Число учащихся в Корее во время «культурного правления»[95 - Ли Ги Бэк. История Кореи: новая трактовка. – М: Русское слово – РС, 2000. – С. 381.]

В основном, новый приказ был рассчитан на развитие системы школьного образования для детей японских колонизаторов. Но и в метрополии японские учителя не отличались особой мягкостью и человечностью. Как пишет Тадао Сато, который пошел в школу в 1937 году, «нельзя сказать, что воспоминания о моих учителях приятны. Одна учительница задала мне головомойку за то, что я прогуливал репетиции хорового пения националистической песни, исполняющейся 11 февраля, в День основания империи. Я помню также учительницу, которая была ответственной за нашу подготовку к вступительным экзаменам в среднюю школу. Она заставляла нас заучивать и декламировать серьезным голосом что-то об «августейших достоинствах Его Величества Императора»[96 - Сато Тадао. Кино Японии. – М.: Радуга, 1988. – С. 78.]. По всей вероятности, школьные учителя – мужчины и женщины в Корее и Японии придерживались военных методов воспитания подрастающего поколения – будущих солдат японской империи.

Система жестких наказаний была широко распространена в Японии и Корее не только в школах. С 1913–1918 годы «294 тысячи корейцев (каждый 56-й) подверглись сечению бамбуковыми палками»[97 - Пак М.Н. История и историография Кореи: Избранные труды. – М: Восточная литература, 2003. – С. 771.]. Статистики телесных наказаний школьников, прежде всего, учащихся старших классов, нет. Но известно, что во всех школах Кореи практиковались физические наказания, но систематического избиения учеников и полной безнаказанности учителей за проявление жестокости не существовало. Беспрекословного подчинения и дисциплины учителя добивались с помощью палок и всевозможных изнурительных заданий. И в современных южнокорейских школах долго практиковались телесные наказания, но многие родители, в отличие от старших поколений, вступались за своих детей. Вполне возможно, после целой серии фильмов о жестокости учителей в современной школе в южнокорейском обществе пересмотрели методы обучения, унаследованные со времен японской оккупации.

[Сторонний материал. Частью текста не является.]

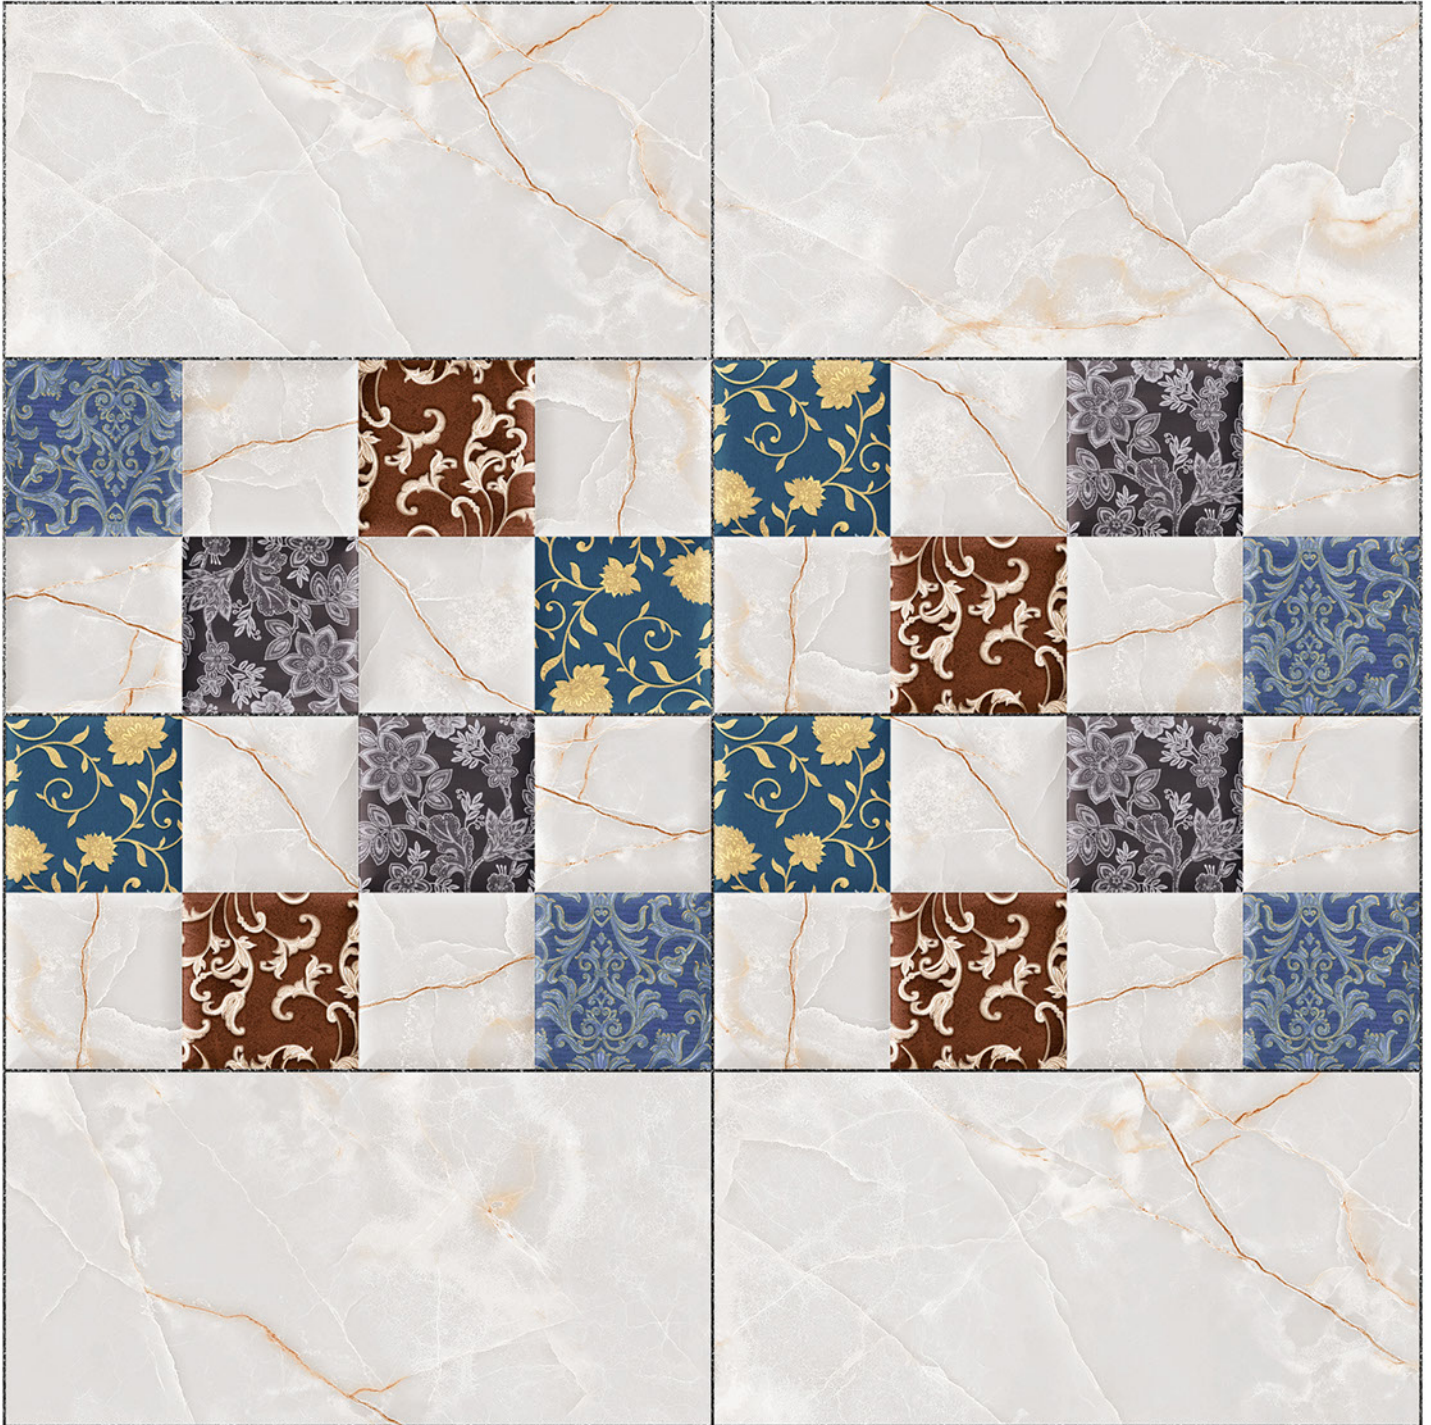

GLOSSY Wall Tiles Collection

24356

LT

HL1

DK

Heat Resistance

100 % Waterproof

Durable

Resistance to Frost

12''x24''
300 x 600 mm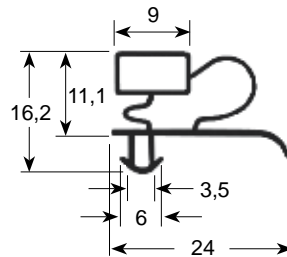

External dimension gaskets

- Gasket cross-sections shown at original size -
- Dimensions in mm -

Profile no. 9030

9031

9102

9104

Profile no. 9162

9140

9191

9138

Dart-to-dart dimension gaskets

- Gasket cross-sections shown at original size -
- Dimensions in mm -

Profile no. **9048**

Profile no. **9010**

9012

9252

9235

Profile no. **9185**

9303

9313

9753

Profile no. **9153**

9192

9743

9195

Profile no. **9373**

9171

9333

9703

Profile no. **9783**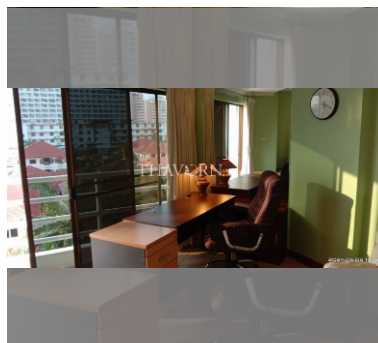

Condo for sale studio 37 m² in View Talay 2, Pattaya

฿ 1,750,000

UNIT PARAMETERS:

UID	FS-240172
quota	company ownership
type	studio
size	37m²
floor	5
view	city view
quality	not chosen
transfer cost	
transfer fee payer	Seller 50/ Buyer 50
additional cost	

PROJECT PARAMETERS:

district	Jomtien
buildings	2
built in	2002

FACILITIES:

General information: highrise, open parking, covered parking.

Swimming pool: swimming pool, kids pool.

Other: lobby, CCTV, security, minimart, laundry, room service.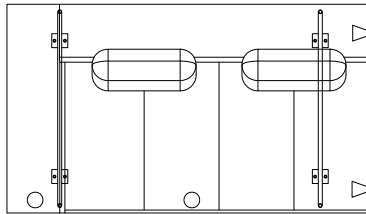

Amsterdam

Design by BoConcept

Samlevejledning - Assembly Instructions - Montageanleitung - Instructions d'assemblage - Instrucciones de montaje

SOLO modules

2503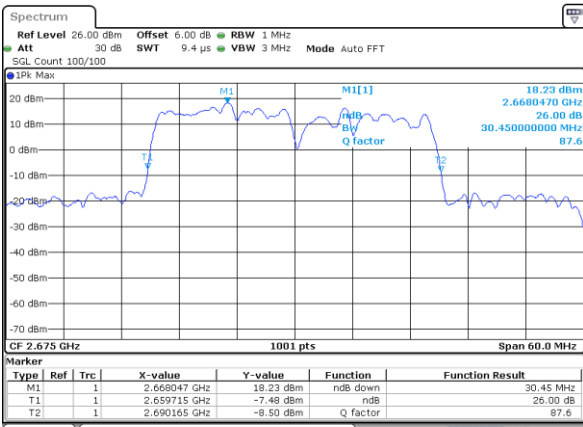

Highest Channel / 15MHz+10MHz

Date: 3 JUL 2020 19:54:05

LTE Band 41C

16QAM

Lowest Channel / 15MHz+15MHz

Date: 3 JUL 2020 16:39:01

Lowest Channel / 15MHz+20MHz

Date: 3 JUL 2020 16:10:23

Middle Channel / 15MHz+15MHz

Date: 3 JUL 2020 16:57:27

Middle Channel / 15MHz+20MHz

Date: 3 JUL 2020 16:23:53

Highest Channel / 15MHz+15MHz

Date: 3 JUL 2020 17:01:46

Highest Channel / 15MHz+20MHz

Date: 3 JUL 2020 16:25:57

LTE Band 41C

16QAM

Lowest Channel / 20MHz+5MHz

Date: 30 JUN 2020 15:24:03

Lowest Channel / 20MHz+10MHz

Date: 30 JUN 2020 11:42:07

Middle Channel / 20MHz+5MHz

Date: 30 JUN 2020 15:25:23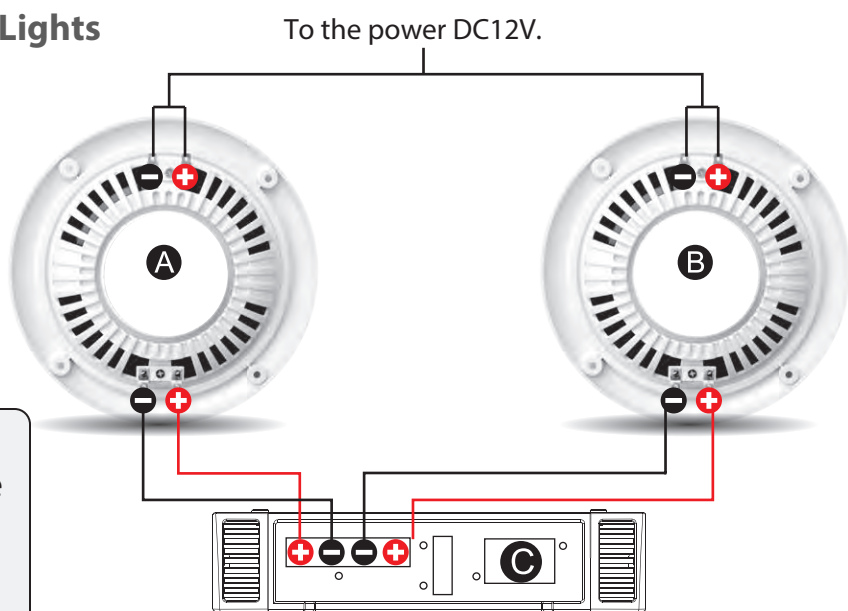

- Connect the red and black cables to their respective positive and negative terminals.
- Speakers 'A' and 'B' connect to an amplifier source 'C'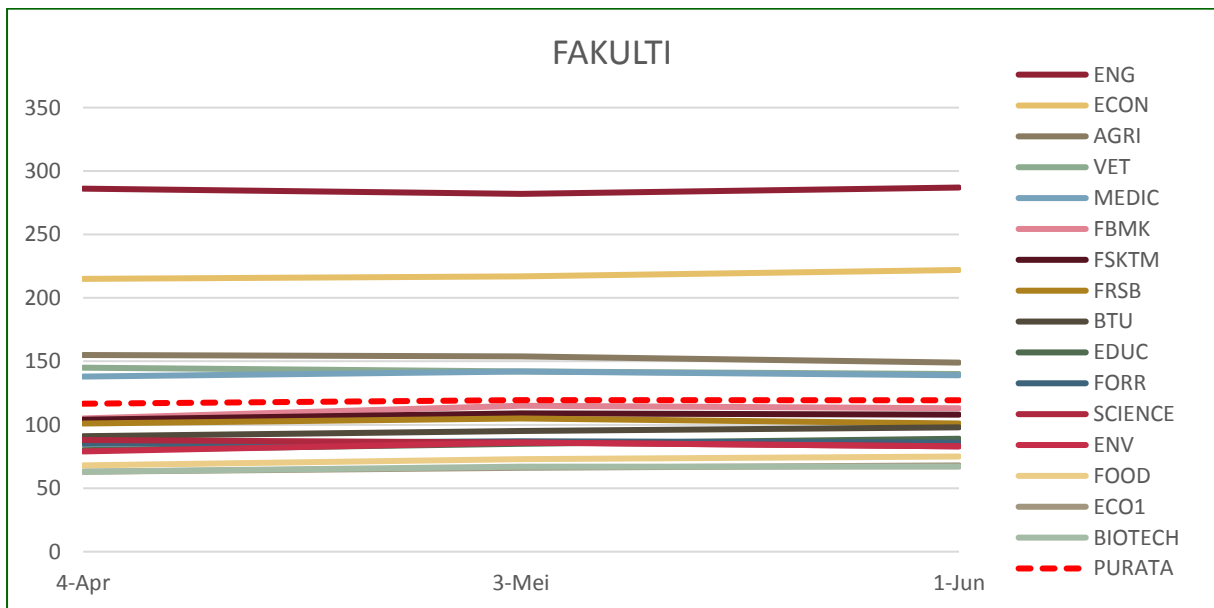

SUBNETS

RAJAH 3.1 (b): Data Subnets Fakulti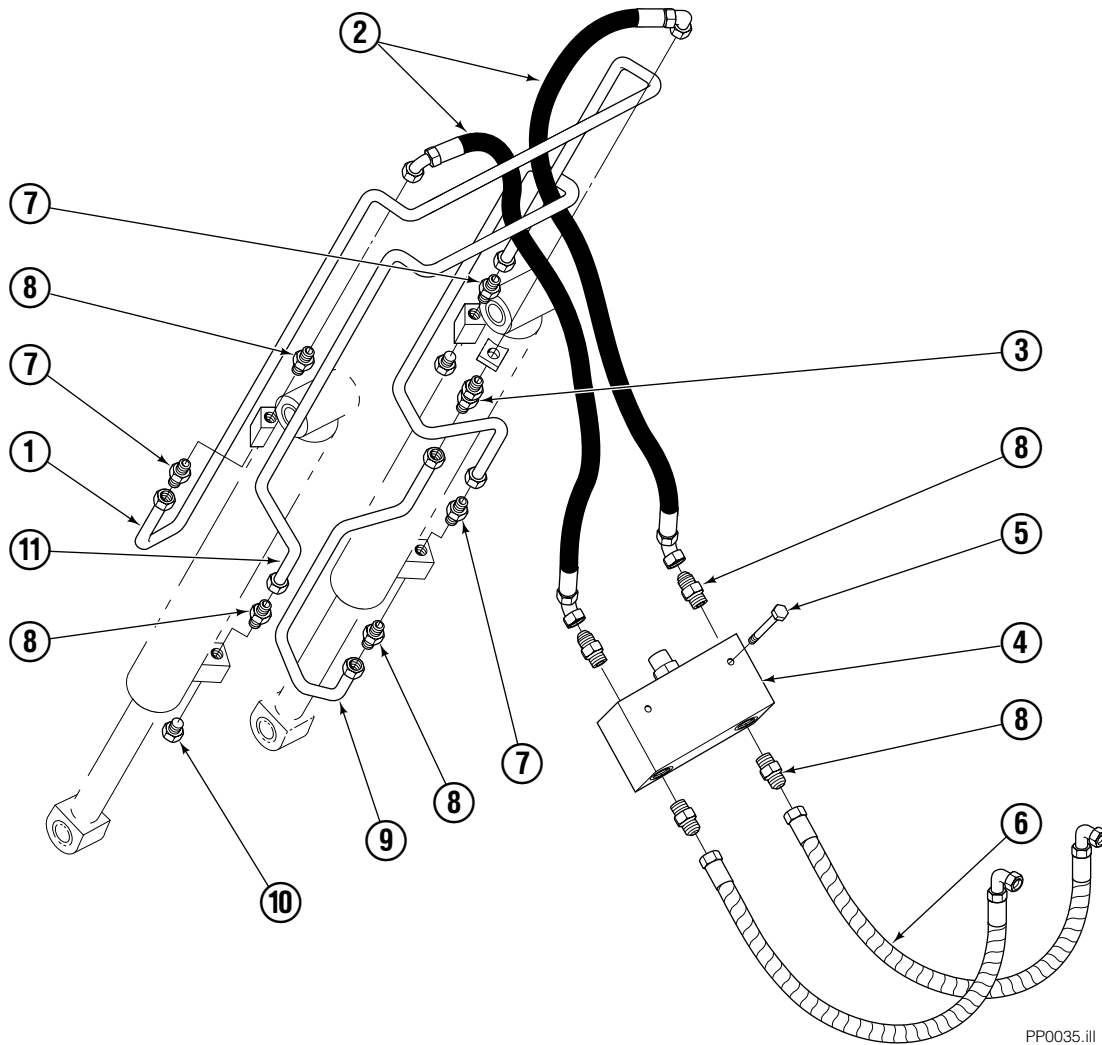

- Quantity as required.
- Included in Bushing Service Kit 205075.

Cylinder

REF	QTY	PART NO.	DESCRIPTION
		582636	Cylinder Assembly
1	1	—	Spacer
2	1	564159	■ Seal
3	1	7348	Snap Ring
4	1	564161	Piston
5	1	562717	Shell
6	1	558626	Rod
7	1	662448	■ Seal
8	1	2787	■ O-Ring
9	1	615130	■ Back-Up Ring
10	1	558628	Retainer
11	1	636853	■ Wiper
12	4	559697	Bearing
13	1	559698	Spacer
14	1	678019	Nut
15	1	671048	■ Seal Loader Kit

■ Included in Service Kit 562339.

Reference: S-3424.

Hydraulic Group

PP0035.ill

35E/45E			
REF	QTY	PART NO.	DESCRIPTION
		688383	Hydraulic Group ITA III
1	1	200649	Tube
2	2	683173	Hose
3	1	2375	Fitting, 6-6
4	1	688384	■ Valve
5	2	765329	Capscrew, M8x1.25x20-8.8
6	2	685981	Hose ITA II
7	4	605235	Fitting 5-6
8	6	604511	Fitting, 6-6
9	1	200647	Tube
10	2	604510	Plug, 6
11	1	200648	Tube

■ See Valve page for parts breakdown.

Valve Load Push

35E/45E			
REF	QTY	PART NO.	DESCRIPTION
		688384	Valve Assembly
1	1	688385	Body
2	1	687224	Relief Valve
3	2	663694	Fitting, 3

Faceplate Group Push

PP0075.ill

REF	QTY	PART NO.	DESCRIPTION
		205057	Faceplate Group 40"x40" ■
1	1	204636	Faceplate 40"x40" ■

■ Width x height.

Do you have questions you need answered right now? Call your nearest Cascade Parts Department. Visit us online at www.cascorp.com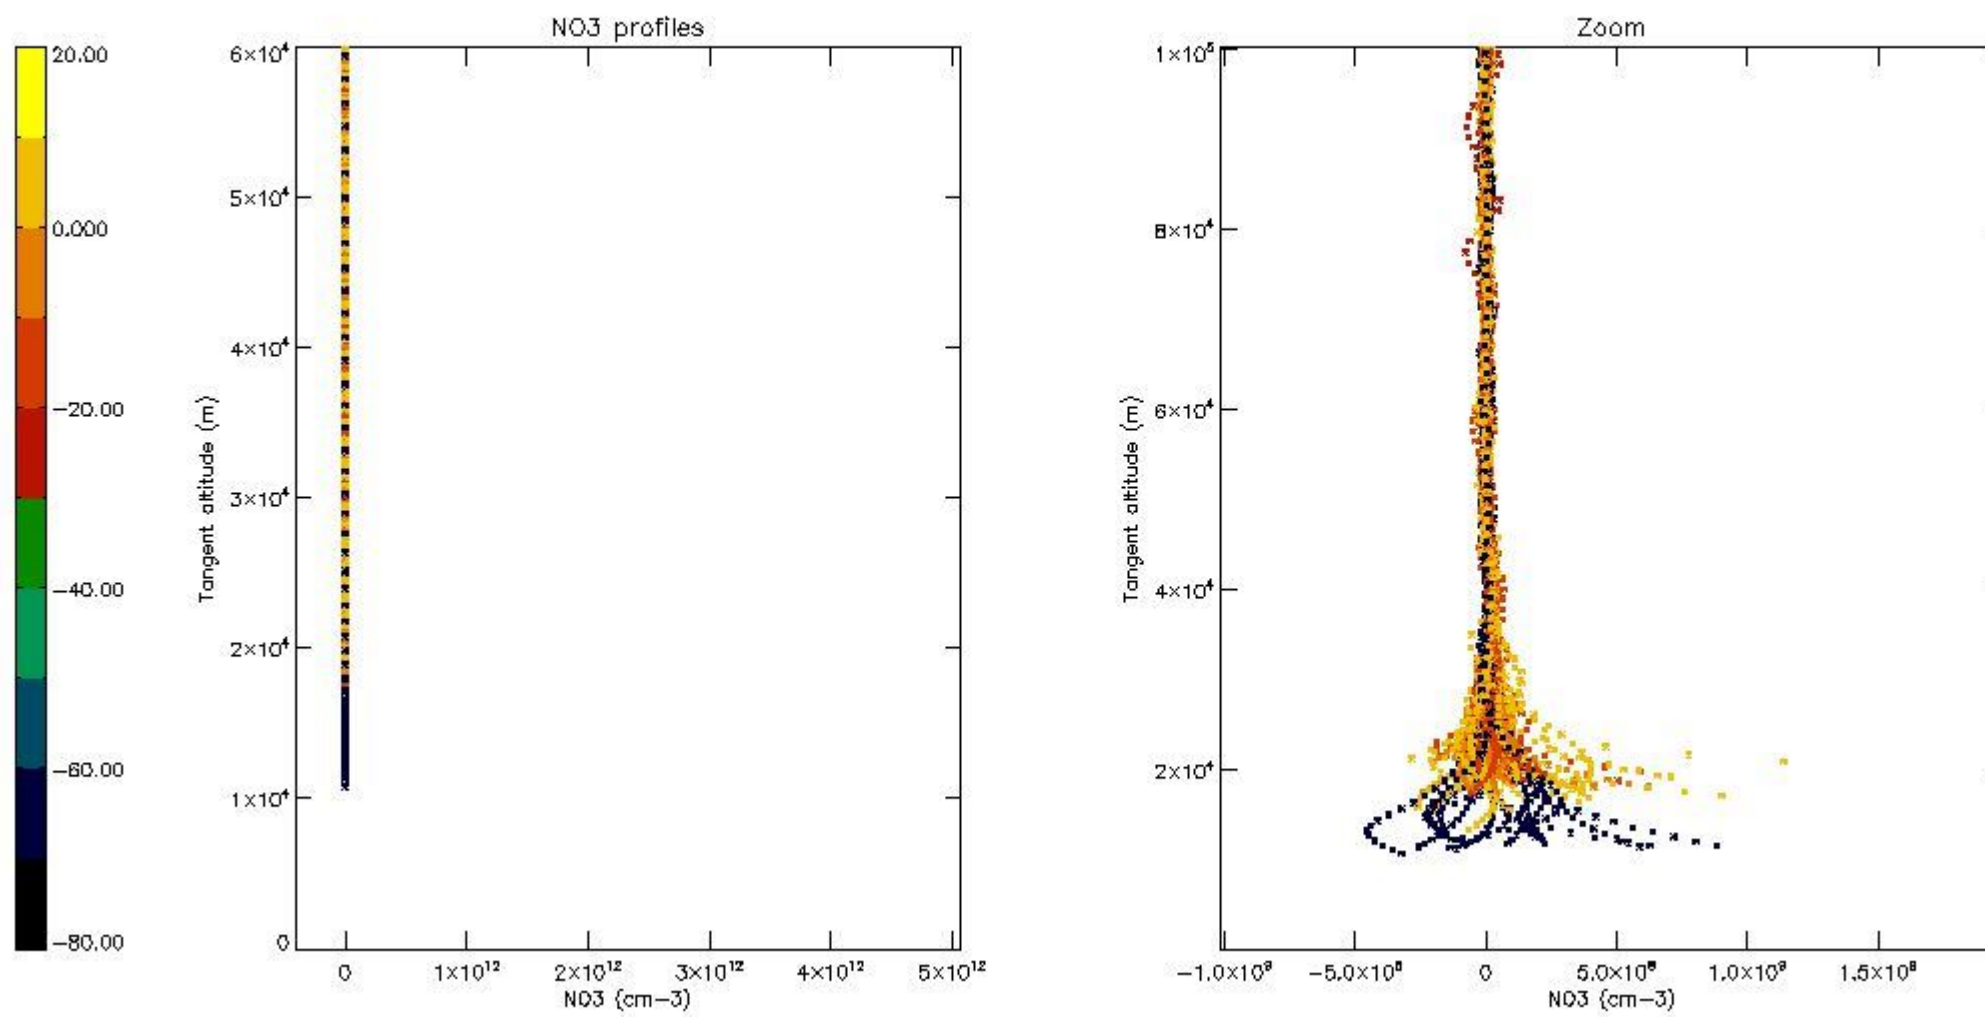

6. Auxiliary Data Files used for the production reported in section 2

The number reported in the third column indicates since which file (see list in section 2) the corresponding auxiliary file has been used. The fourth column is the date of those product files.

Type	Auxiliary Filename	Used since product	Used since product date
INST_PHYS_CHARACTERISTICS	GOM_INS_AXVIEC20091111_143220_20030716_120000_20500101_000000	1	03-APR-2010 00:04:11
LEVEL-2_PROC_CONFIG	GOM_PR2_AXVIEC20091111_152718_20020301_000000_20500101_000000	1	03-APR-2010 00:04:11
CROSS_SECTIONS_FILE	GOM_CRS_AXVIEC20091111_154832_20020301_000000_20500101_000000	1	03-APR-2010 00:04:11

В 1924 г. был основан Столичный Имперский университет (после освобождения Кореи – Сеульский университет) с двумя факультетами – юридическим и медицинским, но подавляющее большинство студентов составляли японцы. Получить высшее образование могли только дети из обеспеченных семей. Большая часть корейцев отправлялась в университеты Японии и США. «Корейские студенты, обучавшиеся в Токио, «были радикально настроены. Они стремились постичь секрет западных знаний и причины успеха Японии в овладении Кореей. Студенты говорили только о свободе, независимости, христианстве… Большинство корейских студентов в Токио были горячими проводниками корейского национализма»[98 - Тягай Г.Д., Пак В.П. Национальная идея и просветительство в Корее в начале XX в. – М: Восточная литература РАН. 1996. С. 182.]. В 1931 г. в Японии было 3 639 корейских студентов, а в США – 493. Большинство выпускников зарубежных университетов после освобождения Кореи вернулись и остались на Юге полуострова[99 - Ли Ги Бэк. История Кореи: новая трактовка. – М: Русское слово – РС, 2000. – С. 381.].

Освоение кинематографических профессий

Корейские кинематографисты, многие из которых непосредственно принимали участие в Первомартовском движении, активно общались со своими единомышленниками и соратниками – литераторами и театральными деятелями, получившими образование в Японии и США. Не всегда взаимоотношения представителей творческих профессий с японской оккупационной администрацией складывались благополучно. Известно, что вплоть до 1930-х годов молодые литераторы и патриоты покидали Корею из-за политических преследований. Часть из них отправлялась в Китай, другая – в Советский Союз.

Очевидно, основными причинами медленного развития корейской кинематографии были финансовые трудности. В период становления кино корейская творческая интеллигенция нуждалась в помощи и полностью зависела от японцев, распоряжавшихся всеми финансовыми и техническими ресурсами. В числе первых кинематографистов в Корее были японцы: предприниматель, занимавшийся прокатом японских фильмов в Корее, Гошу Хаягава (Goshu Hayakawa \ Koshu? Hayakawa) и кинооператор Сойо Хирогава (Soyo Hirokawa), работник японской студии «Тэнкацу» (Tenkatsu), снимавший все первые японско-корейские фильмы[100 - Ким Хва. Популярная история корейского кино. – Сеул, 2001. С. 28.].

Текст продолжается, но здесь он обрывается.